A statutory body established by the 1986 amendment to the Broadcasting and Radio Re-Diffusion Act, the Commission lists its vision as becoming the "cutting-edge regulator that leads in the development and advancement of a dynamic electronic communications sector for the benefit of Jamaica and the Caribbean Community".

However, that task is being made much harder by the sheer content from traditional media streams, as well as the increased work load from new and emerging platforms via social media. This has forced the regulatory agency to review its monitoring capability, recognising the critical need to catch up.

"We do need to build our capacity for, let's say, automated content monitoring, relying less on the physical and being able to follow content, irrespective of platform, and we have been exploring this now for, I think, about three years," Cordel Green, executive director of the Commission, said as he addressed a Gleaner Editor's Forum on Thursday.

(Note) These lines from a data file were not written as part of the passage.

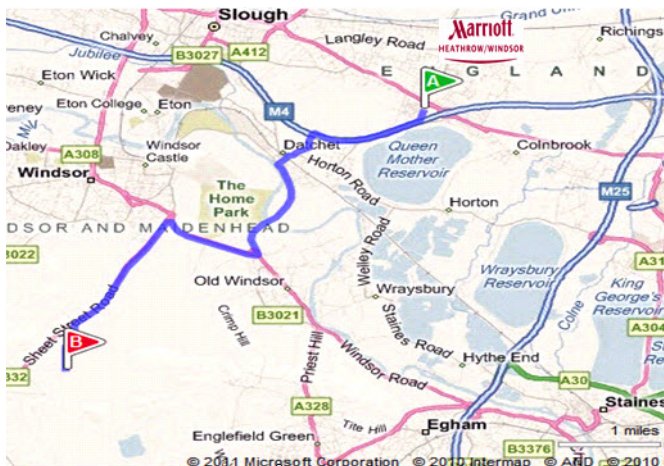

THERE AND BACK

WINDSOR GREAT PARK

HEATHROW/WINDSOR MARRIOTT HOTEL
DITTON ROAD LANGLEY | PHONE 01753 544244

Depart the hotel and turn left towards Riding Court Road

Follow the road at the roundabout, take 1st exit

Turn right onto B470 / London Road

Turn right onto B376 / B470 / Horton Road, and then immediately turn left onto B470 / High Street

Turn left onto B3021 / Southlea Road

Keep straight onto A308

Turn right onto A308

Keep left to stay on A308 / Albert Road

Turn left and then left again onto A332

Turn left onto Prince Consorts Drive

Arrive at Windsor Great Park, United Kingdom on the left The last intersection is A332 / Sheet Street Road

However, with automated monitoring comes another set of problems.

"The technology is available for us to do some of what we want to do, but we have come upon two challenges. One is that some of the content, traditional content we are dealing with, it's in the Jamaican vernacular. And if it's not in the Jamaican vernacular, it is in somebody else's vernacular. People create these things, and so voice-recognition technology, and the limitations there, is something we have to take into account," Green disclosed.

He went on to point out other shortfalls of cutting-edge technology.

"We just assumed that the technology would have been available now to easily disaggregate lyrics from melody. So you hear a song and some technology could easily go in there, take the words out, but now it doesn't work that way.

"The available technology sees that as noise and confusion, but we recognise that in terms of the work that is going to be required to build capacity to follow content online, we wouldn't be breaking new ground. It's already available."

... Regulatory systems must adapt quickly, says BCJ

In a media brief prepared for The Gleaner Editors' Forum last Thursday, the Broadcasting Commission points out that in the past, the media industry was organised, legislated, and regulated by infrastructure (radio, television, telephone, print, etc), which imposed clear divisions and boundaries. Now, with content flowing over many different networks and technologies, its monitoring and regulatory functions have been made that much more difficult.

This has resulted in news, information, entertainment, education, home management and shopping, translations, and many other services being live-streamed to the nearest screening, giving birth to another set of attendant issues.

"This transition has happened much more rapidly than the necessary regulatory and legislative reform. If our regulatory systems do not now adapt, there is a risk that they will bring increasingly disproportionate pressure to bear on the dwindling band of traditional media providers, which will encourage even more consumers to abandon them and migrate to unregulated, informal, and or illegal sources,' the Commission warns.